«Как садовник у сада, у земли – хвала». Хвала стоит в центре поэтики Ольги Седаковой, так же как отношения дара и благодарности находятся в центре ее антропологии. Это естественным образом ставит поэзию и мысль Седаковой в контекст большого философского разговора современности: от Хайдеггера и Ханны Арендт до дискуссий о даре во французской феноменологии.
Понимание самого дела и удела человека как хвалы связывает Седакову с той линией поэзии высокого модернизма, к которой принадлежат Рильке и Мандельштам.
Хвала – это не просто исполнение древнейшей гимнической роли поэзии, но восстановление в акте благодарности сокрытого иначе дара. Хвала указывает на фундаментальную способность человека, которая может быть обнаружена в поэтической речи. Хвала есть одновременно и нужда, и утоление нужды.
Данность поэтического стоицизма отказывается от желания, поскольку признаёт его плодом иллюзий или эгоцентрических заблуждений. Человек склоняется перед тем, что сокрушит его желания – склоняется, не принимая. Он может даже обличать эту мощную силу, но именно она остаётся данностью, точкой отсчета.
В стихах Седаковой сама данность, открывающаяся говорящему и вызывающая его речь, в принципе, не дана как статичное положение вещей. Это какое-то катастрофическое во всех смыслах сообщение. Не дурное, а именно катастрофическое, резко меняющие масштабы, разрушающее непрерывность видения.
Говорящий способен захотеть того, что страшнее всего – прямого пути к цели желания, к самой обнаженности желания, просьбы, нужды всех. Хвала обращена именно к источнику этого желания. Это движение, как бы противоположное «поклонению данности», принятию того, что есть в заведомо нежеланном, но только терпимом мире.
Но в поэзии Седаковой главное событие заключается именно в том, что говорящий обнаруживает, что хочет быть сокрушён, что не нужно выбирать между желанием и претерпеванием, но в самом страдании открывается желанное.
(из доклада Виктории Файбышенко)
***
Финальное стихотворение цикла «Начало книги» «Всё, и сразу» выражает почти с гимнической силой ту интуицию «беспредельного нового», к которой автор шел с самого начала, перебирая многочисленные образы бесконечности («неоглядный дождь», «бездна милосердия», «невероятное счастье»), но в конце концов придя к чистой апофатике.
В статье «Европейская традиция дружбы» Седакова трактует дружбу как «радость понимания целого, ВСЕГО», и это понимание «выражается не в конкретном знании, а в восхищенном изумлении» . Эти слова в целом повторяют мысль Хайдеггера об «истинном бытии как епифании всего», но в стихотворении «Всё, и сразу» они приобретают отчетливое религиозное звучание, развивая идею «голоса друга» до идеи невыразимого Бога.
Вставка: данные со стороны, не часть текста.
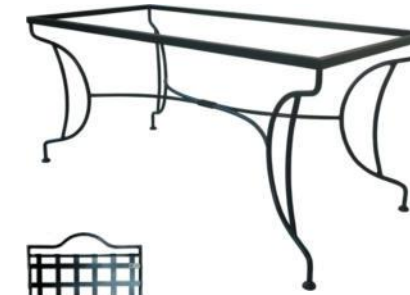

## VERSAILLES PŘEHLED SORTIMENTU

**Stůl** ET 0520

rozměry: a) kovová část 142 x 70 cm, výška 72 cm  
možnosti desek:  
tahokov, plech, travertin, venkovní dub 152 x 85 cm,  
b) kovová část 172 x 70 cm, výška 72 cm  
možnosti desek:  
tahokov, plech, travertin, venkovní dub 185 x 85 cm,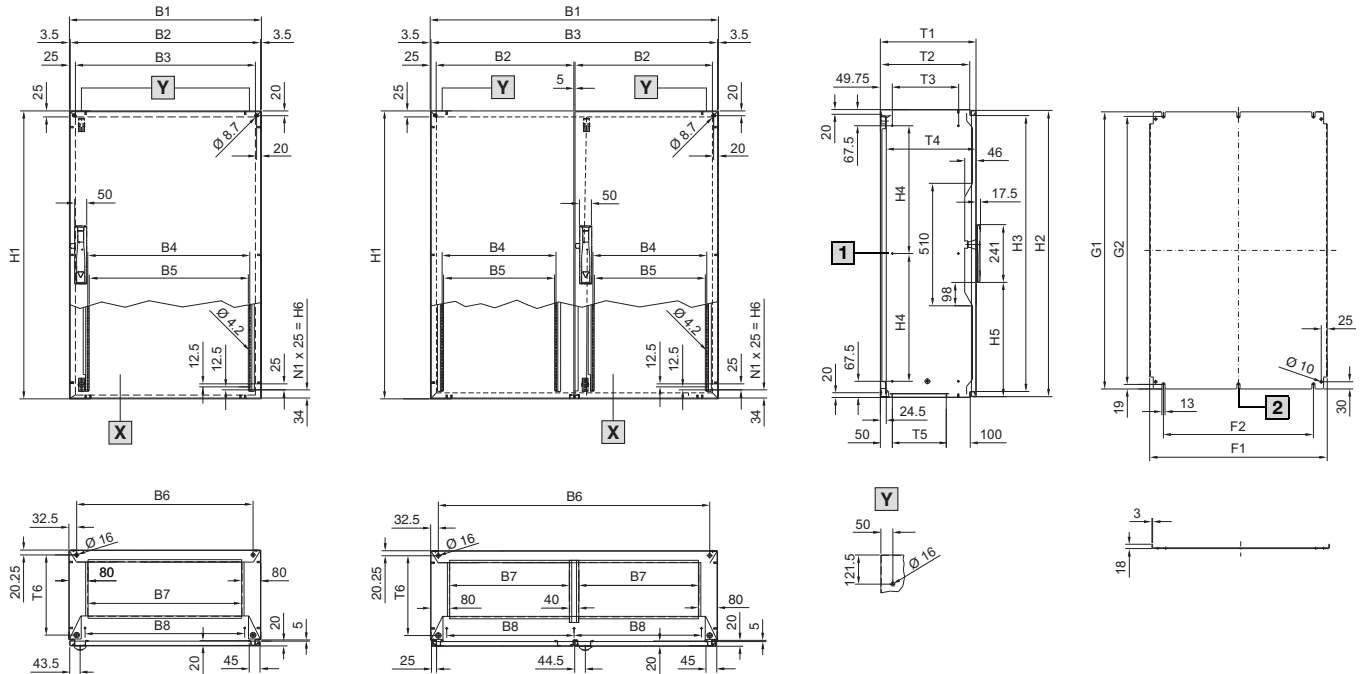

Kompaktsystemtavler CM

CM 5110.500 – 5117.500

CM 5118.500 – 5123.500

Mål gulvmontage: B6, T6

X Set fra inderside af låge

Y Huller til transportøjer

1 Bortfalder ved H = 800

2 Kun ved kabinetbredde fra 1000 mm

Эту невыразимость может вместить только абсолютное внимание, или, если воспользоваться определением Федье, «полнота открытости» – то есть, позволим себе договорить за Седакову, полнота веры.
В целом продолжая мотивы Федье, Седакова находит для них точные аналогии из Священного Писания, смещая точку зрения из философской в доктринальную плоскость. Также в цикле сильна поэтологическая рефлексия, данная не только через концепцию активного слушания по Федье, но через библейскую символику. Через посредство современного философа Седакова обнаруживает глубокую связь с хайдеггеровской традицией, однако, я думаю, уместнее говорить не о прямом влиянии, а совпадении, как будто автор вдруг находит слова для давно подготавливаемого в его творчестве смысла. Как пишет Седакова в предисловии к своему переводу «Голоса друга», «книга… принесла мне радость, какую может доставить только вещь, явившаяся на свет “при нас”. <…>. Как будто вам позвонили по телефону». И поэзия Седаковой не только находит новые образы для того, о чем говорит Федье, но и демонстрирует саму работу священной дружбы.